EXERCISE
A line qualifies if it holds the string "bubnový". Copy every qualifying line from the records.

Items listed in a dataset
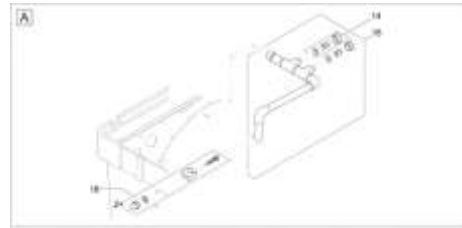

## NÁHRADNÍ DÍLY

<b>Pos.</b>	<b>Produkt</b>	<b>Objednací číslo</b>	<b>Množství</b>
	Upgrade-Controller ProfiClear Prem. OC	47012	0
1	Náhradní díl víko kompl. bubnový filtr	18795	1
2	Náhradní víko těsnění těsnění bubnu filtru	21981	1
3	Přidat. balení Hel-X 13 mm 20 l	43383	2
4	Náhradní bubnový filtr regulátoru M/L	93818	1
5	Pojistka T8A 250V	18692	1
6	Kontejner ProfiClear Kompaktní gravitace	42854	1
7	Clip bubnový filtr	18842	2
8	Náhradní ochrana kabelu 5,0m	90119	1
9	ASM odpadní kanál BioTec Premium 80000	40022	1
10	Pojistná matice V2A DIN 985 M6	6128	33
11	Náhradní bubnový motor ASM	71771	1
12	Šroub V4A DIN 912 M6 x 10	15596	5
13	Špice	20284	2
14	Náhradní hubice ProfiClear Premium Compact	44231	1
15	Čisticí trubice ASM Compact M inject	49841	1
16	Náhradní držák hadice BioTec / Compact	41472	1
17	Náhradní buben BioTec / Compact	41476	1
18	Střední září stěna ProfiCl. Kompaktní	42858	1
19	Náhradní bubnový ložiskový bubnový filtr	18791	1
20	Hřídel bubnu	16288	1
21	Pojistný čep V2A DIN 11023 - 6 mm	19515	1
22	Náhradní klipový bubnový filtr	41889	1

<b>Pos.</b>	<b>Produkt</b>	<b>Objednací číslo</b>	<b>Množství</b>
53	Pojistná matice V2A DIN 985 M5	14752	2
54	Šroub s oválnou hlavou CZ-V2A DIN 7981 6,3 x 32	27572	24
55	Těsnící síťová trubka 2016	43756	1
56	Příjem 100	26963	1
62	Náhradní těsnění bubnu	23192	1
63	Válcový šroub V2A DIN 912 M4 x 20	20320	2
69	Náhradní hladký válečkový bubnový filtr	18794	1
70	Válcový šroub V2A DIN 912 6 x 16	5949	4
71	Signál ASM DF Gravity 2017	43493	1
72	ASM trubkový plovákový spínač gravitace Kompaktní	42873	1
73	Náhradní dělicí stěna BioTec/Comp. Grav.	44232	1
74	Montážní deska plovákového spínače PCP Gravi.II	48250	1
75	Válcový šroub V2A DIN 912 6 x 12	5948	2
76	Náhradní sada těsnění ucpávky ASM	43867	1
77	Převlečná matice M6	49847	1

---

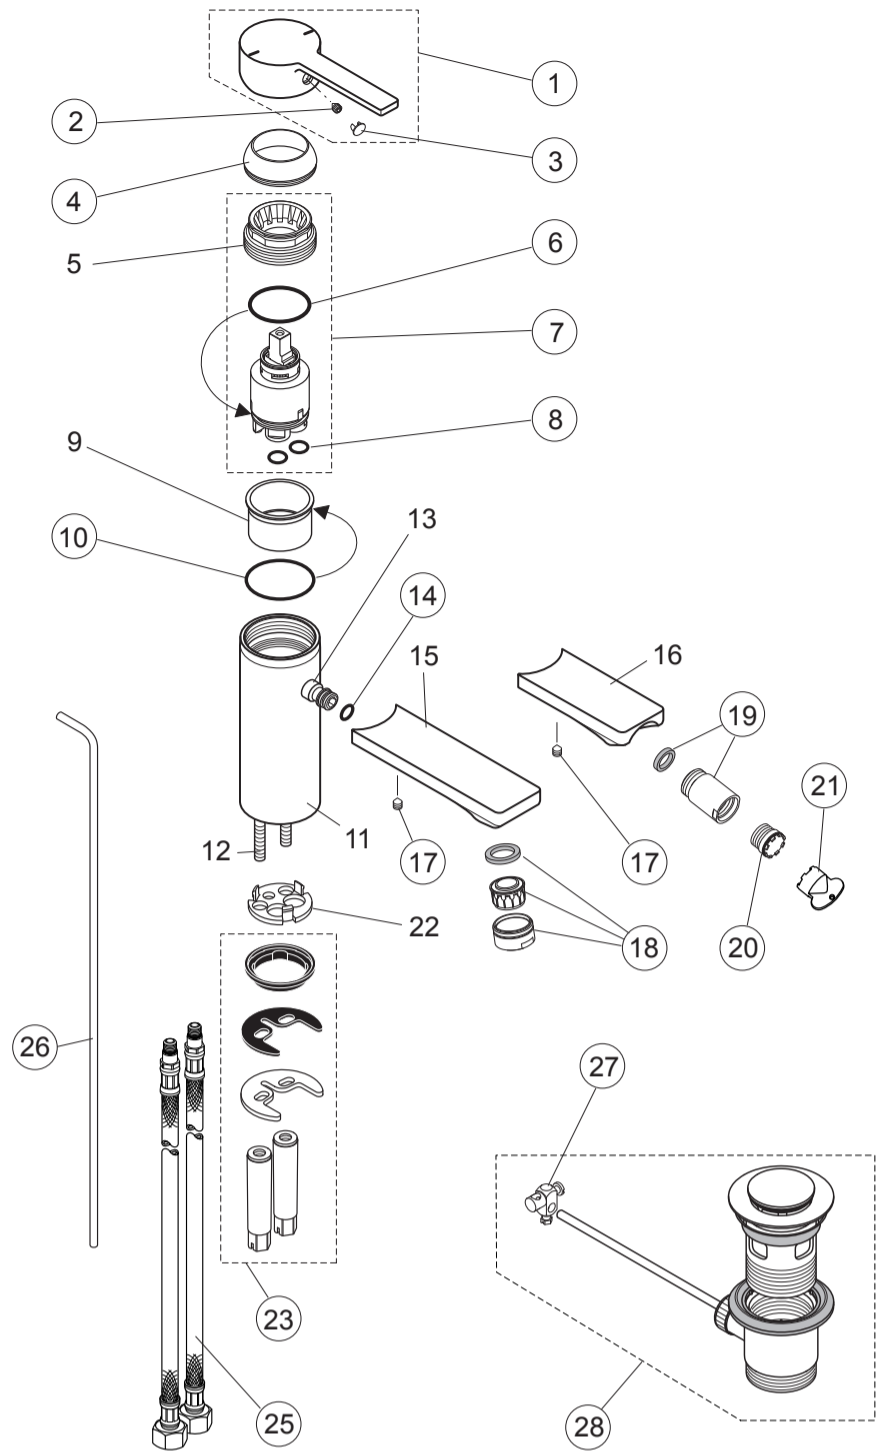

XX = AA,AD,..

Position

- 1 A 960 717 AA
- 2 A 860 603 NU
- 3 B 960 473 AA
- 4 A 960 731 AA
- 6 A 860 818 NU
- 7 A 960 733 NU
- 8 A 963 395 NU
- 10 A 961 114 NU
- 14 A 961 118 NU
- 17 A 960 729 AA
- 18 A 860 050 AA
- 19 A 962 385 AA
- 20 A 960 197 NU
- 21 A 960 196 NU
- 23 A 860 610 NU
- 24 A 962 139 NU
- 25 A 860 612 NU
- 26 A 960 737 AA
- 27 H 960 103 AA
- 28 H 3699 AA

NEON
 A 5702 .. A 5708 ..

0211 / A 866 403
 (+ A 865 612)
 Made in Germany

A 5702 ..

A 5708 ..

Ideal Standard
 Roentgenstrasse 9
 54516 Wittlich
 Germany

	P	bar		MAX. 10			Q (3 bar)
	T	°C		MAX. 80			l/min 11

WRITTEN ANSWER
1	Náhradní díl víko kompl. bubnový filtr	18795	1
4	Náhradní bubnový filtr regulátoru M/L	93818	1
7	Clip bubnový filtr	18842	2
11	Náhradní bubnový motor ASM	71771	1
19	Náhradní bubnový ložiskový bubnový filtr	18791	1
22	Náhradní klipový bubnový filtr	41889	1
69	Náhradní hladký válečkový bubnový filtr	18794	1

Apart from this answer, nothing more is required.